## Your assignment
Only the lines from the one with "26 Old Copper" to the end of the data below should be returned, each exactly as it stands.

## Listed entries
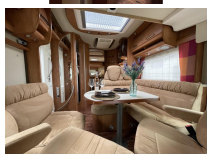

CARTHAGO CHIC C-LINE 4.8 ENKELE BEDDEN + RONDZIT

€ 64.900,00

Aantal slaappleatsen	4
Bouwjaar	2012
Brandstof	Diesel
Kilometerstand	57184
Lengte	7.40
Merk	Carthago
Merk motor	Fiat
Model	Chic C-Line 4.8
Soort	Half Integraal
Transmissie	Automaat
Hefbed	Nee
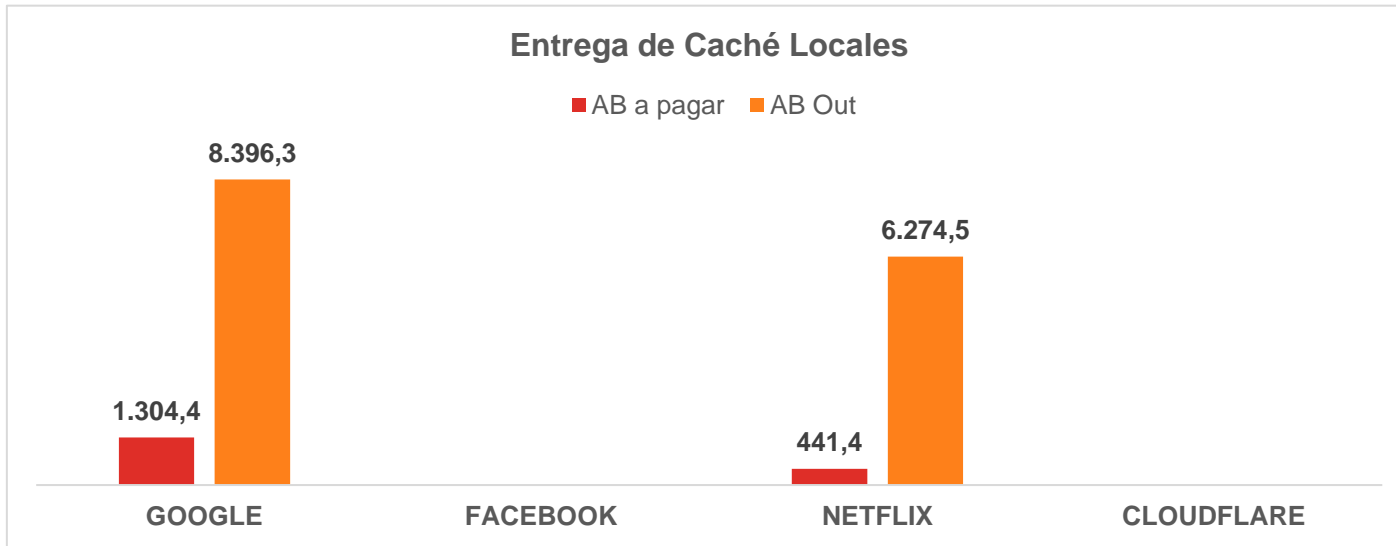

MIEMBRO	Transporte Mb al 95 %	Carga Caches Local 95 %				Total Transporte al 95 %	MB Tomados de IXP	Rendimiento de IXP %
		Cloudflare	Facebook	Google	Netflix			
NETROPOLYS S.A.	1.438,8	-	-	504,7	194,1	2.137,6	7.233,6	238%
INTERSAT S.A.	661,6	-	-	58,4	15,8	735,8	1.220,5	66%
CORTEZ RAÚL OMAR	658,6	-	-	81,8	10,5	750,9	1.292,1	72%
VEGA CESAR AUGUSTO	631,8	-	-	46,1	26,4	704,3	1.170,2	66%
XF COMUNICACIONES S.A.	601,9	-	-	44,5	12,6	659,0	938,6	42%
CASELLES COSTA FACUNDO JAVIER	486,5	-	-	40,6	25,9	553,0	881,8	59%
INTERREDES SA	262,6	-	-	448,3	144,0	854,9	4.993,2	484%
PECHIEU GASTON	189,4	-	-	20,9	8,4	218,7	351,9	61%
GPS SAN JUAN S.R.L.	134,7	-	-	55,2	3,7	193,6	491,6	154%
UNIVERSIDAD NAC. DE SAN JUAN	8,4	-	-	3,9	-	12,3	34,1	177%
						6.820,1	18.607,6	173%
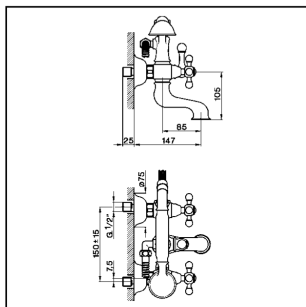

Bath mixer, full equipment ARCANA CERAMIC_AC000102

MODEL **AC000102**

Bath mixer, full equipment, Arcana 1 Spray handshower, 150 cm Brass Flexible Hose

AVAILABLE FINISHINGS

-  **21** 21 Chrome
-  **24** 24 Gold
-  **26** 26 Old Copper
-  **27** 27 Old Bronze
-  **2A** 2A Satin Brushed Nickel
-  **74** 74 Chrome/Gold

CHARACTERISTICS

Bath mixer, full equipment ARCANA CERAMIC_AC000102

cisal

AC 00010 (AC 00007 - AC 00012 - AC 00013)

- Gruppo vasca
- Bath mixer
- Badebatterie
- Mélangeur bain/douche

bar	PORTATA BOCCA DI EROGAZIONE * SPOUT FLOW RATE DURCHFLUSS WANNENEINLAUF DÉBIT BEC DÉVERSEUR l/min.
0,5	11
1	15,5
2	22,5
3	27,5
4	31,5
5	35

## Solution to the exercise
-  **26** 26 Old Copper
-  **27** 27 Old Bronze
-  **2A** 2A Satin Brushed Nickel
-  **74** 74 Chrome/Gold

CHARACTERISTICS

Bath mixer, full equipment ARCANA CERAMIC_AC000102

cisal

AC 00010 (AC 00007 - AC 00012 - AC 00013)

- Gruppo vasca
- Bath mixer
- Badebatterie
- Mélangeur bain/douche

bar	PORTATA BOCCA DI EROGAZIONE * SPOUT FLOW RATE DURCHFLUSS WANNENEINLAUF DÉBIT BEC DÉVERSEUR l/min.
0,5	11
1	15,5
2	22,5
3	27,5
4	31,5
5	35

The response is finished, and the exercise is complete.